Endovascular therapy for acute ischemic stroke was safe even for M2 occlusions of the middle cerebral artery, a retrospective study suggested.
Ninety days after stroke therapy, good outcomes — per the modified Rankin Scale — were more likely for patients who underwent stent retriever or aspiration procedures (62.8% versus 35.4% for medical management, OR 3.1, 95% CI 2.1-4.4). Endovascular therapy came out on top even after multivariable adjustment (OR 3.2, 95% CI 2-5.2).
Even so, rates of symptomatic intracerebral hemorrhage were similar between groups (5.6% for thrombectomy versus 2.1% for medical management, P=0.10), according to Amrou Sarraj, MD, of University of Texas at Houston Stroke Center, and colleagues.
The best outcomes with thrombectomy were observed for younger patients and fast reperfusion cases, as well as those with lower stroke severity scores or smaller baseline infarcts, they wrote in JAMA Neurology.
“Although a randomized clinical trial is needed to confirm these findings, available data suggest that endovascular therapy is reasonable, safe, and effective for large vessel occlusion of the M2 segment relative to best medical management,” the investigators concluded, adding that their data were in line with results of recent endovascular therapy trials.

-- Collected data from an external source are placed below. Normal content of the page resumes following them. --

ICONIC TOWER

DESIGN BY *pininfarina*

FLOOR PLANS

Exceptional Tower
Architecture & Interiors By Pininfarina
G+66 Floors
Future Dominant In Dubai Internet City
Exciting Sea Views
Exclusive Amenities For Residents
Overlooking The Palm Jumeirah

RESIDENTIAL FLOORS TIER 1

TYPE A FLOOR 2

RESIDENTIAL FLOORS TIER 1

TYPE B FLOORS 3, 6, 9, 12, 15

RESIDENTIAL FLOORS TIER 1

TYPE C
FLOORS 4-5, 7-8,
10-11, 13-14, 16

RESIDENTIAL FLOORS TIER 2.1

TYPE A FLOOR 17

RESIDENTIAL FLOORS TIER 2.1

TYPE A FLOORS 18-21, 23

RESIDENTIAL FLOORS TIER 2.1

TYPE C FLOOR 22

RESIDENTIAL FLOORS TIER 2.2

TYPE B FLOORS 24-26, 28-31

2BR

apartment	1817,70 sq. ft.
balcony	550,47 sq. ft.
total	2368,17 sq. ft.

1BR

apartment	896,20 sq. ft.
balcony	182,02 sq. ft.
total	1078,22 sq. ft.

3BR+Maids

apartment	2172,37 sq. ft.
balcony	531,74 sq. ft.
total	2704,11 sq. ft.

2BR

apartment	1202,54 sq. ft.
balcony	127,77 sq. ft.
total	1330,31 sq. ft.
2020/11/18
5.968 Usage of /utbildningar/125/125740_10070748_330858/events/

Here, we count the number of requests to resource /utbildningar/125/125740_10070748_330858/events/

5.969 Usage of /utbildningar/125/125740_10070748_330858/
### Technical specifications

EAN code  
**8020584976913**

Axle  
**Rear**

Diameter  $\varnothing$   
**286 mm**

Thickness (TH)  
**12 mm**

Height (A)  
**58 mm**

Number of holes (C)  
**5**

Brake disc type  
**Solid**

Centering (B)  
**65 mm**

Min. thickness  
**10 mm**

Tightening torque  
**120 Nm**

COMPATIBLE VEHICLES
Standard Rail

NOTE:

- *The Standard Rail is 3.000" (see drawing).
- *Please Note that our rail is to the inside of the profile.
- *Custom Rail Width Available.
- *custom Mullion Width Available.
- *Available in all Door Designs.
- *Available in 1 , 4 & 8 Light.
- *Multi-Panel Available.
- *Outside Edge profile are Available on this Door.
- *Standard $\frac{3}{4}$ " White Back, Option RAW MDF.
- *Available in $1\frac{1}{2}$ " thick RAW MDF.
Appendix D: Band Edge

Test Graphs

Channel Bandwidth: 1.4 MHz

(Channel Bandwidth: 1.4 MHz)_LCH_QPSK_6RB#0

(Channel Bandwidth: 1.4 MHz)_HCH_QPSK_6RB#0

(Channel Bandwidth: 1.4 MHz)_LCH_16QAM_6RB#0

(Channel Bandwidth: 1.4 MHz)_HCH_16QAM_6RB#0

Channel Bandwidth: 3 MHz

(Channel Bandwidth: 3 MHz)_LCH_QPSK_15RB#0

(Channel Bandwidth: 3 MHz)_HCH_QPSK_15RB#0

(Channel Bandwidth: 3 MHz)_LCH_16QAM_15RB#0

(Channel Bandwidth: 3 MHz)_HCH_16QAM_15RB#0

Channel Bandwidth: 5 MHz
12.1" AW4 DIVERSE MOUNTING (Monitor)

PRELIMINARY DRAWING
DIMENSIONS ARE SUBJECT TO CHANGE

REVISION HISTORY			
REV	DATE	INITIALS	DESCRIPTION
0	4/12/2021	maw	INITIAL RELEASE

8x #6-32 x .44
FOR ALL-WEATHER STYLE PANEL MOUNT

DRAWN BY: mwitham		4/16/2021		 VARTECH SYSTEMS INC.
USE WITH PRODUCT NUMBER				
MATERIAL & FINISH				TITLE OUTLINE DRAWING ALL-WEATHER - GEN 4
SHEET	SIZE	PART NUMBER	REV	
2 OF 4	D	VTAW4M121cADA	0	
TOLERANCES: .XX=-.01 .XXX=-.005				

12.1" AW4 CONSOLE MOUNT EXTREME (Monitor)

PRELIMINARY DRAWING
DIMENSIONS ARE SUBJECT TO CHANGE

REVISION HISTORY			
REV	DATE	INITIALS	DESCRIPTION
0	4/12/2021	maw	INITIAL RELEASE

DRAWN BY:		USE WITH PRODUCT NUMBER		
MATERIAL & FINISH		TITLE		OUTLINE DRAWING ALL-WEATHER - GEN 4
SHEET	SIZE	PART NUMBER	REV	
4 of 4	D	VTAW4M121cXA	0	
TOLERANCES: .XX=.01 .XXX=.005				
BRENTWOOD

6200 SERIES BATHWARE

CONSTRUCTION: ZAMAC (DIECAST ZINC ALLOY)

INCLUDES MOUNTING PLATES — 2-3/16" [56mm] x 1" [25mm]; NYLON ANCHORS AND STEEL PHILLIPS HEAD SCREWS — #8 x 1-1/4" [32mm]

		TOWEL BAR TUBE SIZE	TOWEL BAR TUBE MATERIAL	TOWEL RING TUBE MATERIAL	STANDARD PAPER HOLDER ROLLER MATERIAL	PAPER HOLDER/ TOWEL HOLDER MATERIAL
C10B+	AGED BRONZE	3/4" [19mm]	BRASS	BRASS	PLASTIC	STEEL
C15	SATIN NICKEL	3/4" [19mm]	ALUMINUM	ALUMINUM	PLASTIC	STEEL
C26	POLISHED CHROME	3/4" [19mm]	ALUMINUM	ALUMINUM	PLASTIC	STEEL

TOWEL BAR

“With a rate of successful reperfusion of 78%, which is higher than what was achieved on average in the trials [published in 2015], the study also shows that mechanical thrombectomy is technically feasible for M2 occlusions,” added Jonathan M. Coutinho, MD, PhD, of the Netherlands’ Academic Medical Centre in Amsterdam.
“Given its more distal location and smaller diameter, mechanical thrombectomy of M2 branches is technically more challenging and may convey a higher risk for complications. Distal occlusions also tend to respond better than proximal occlusions to intravenous thrombolysis,” he wrote in an accompanying editorial.
“The data clearly suggest that it is at least reasonable to consider mechanical thrombectomy in these patients. Whether this consideration applies to all M2 occlusions remains to be seen,” Coutinho stated, given the variety of occlusions that are encountered within this group.
The retrospective study by Sarraj’s group included 522 patients who received either endovascular therapy (n=288) or best medical management (n=234). Operators performed the procedures at 10 U.S. stroke centers. Groups were balanced except that the medical management arm was older (median age 73 versus 68, P=0.003); more likely to get IV tissue plasminogen activator treatment (74.4% versus 59.7%, P=0.001); and arrived at the emergency department sooner after symptom onset (median 86 versus 158 minutes, P=0.001).
Patients presented with high median NIH Stroke Scale scores (16 for endovascular versus 15 for medical management, P=0.90), with the authors calling overall stroke severity “comparable” to that of recent studies.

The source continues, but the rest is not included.